**Information provided**

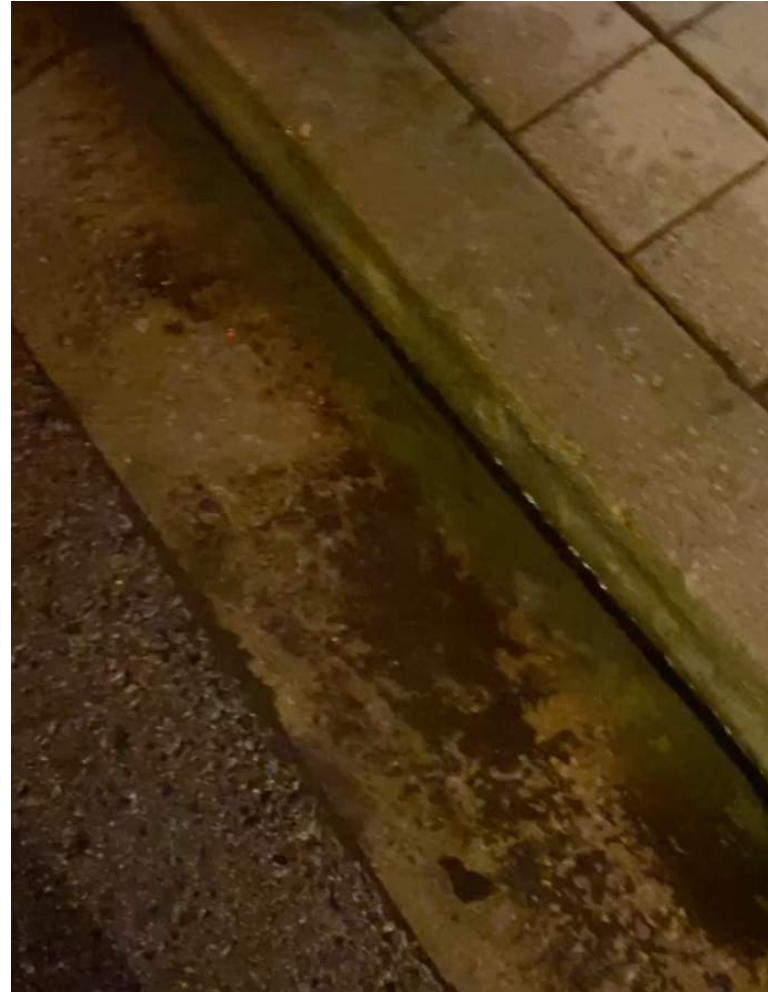

Grime and Dirt Removal

Dirt and grime build up are often not realized until they are exposed.

We're ready to clear them from your sidewalk and dispose of them accordingly.

Reach out today to learn more.

**The problem**
Which lines run from the one containing "We're ready to" through the end of the material? Output exactly those lines and no others.

**Answer for this exercise**
We're ready to clear them from your sidewalk and dispose of them accordingly.

Reach out today to learn more.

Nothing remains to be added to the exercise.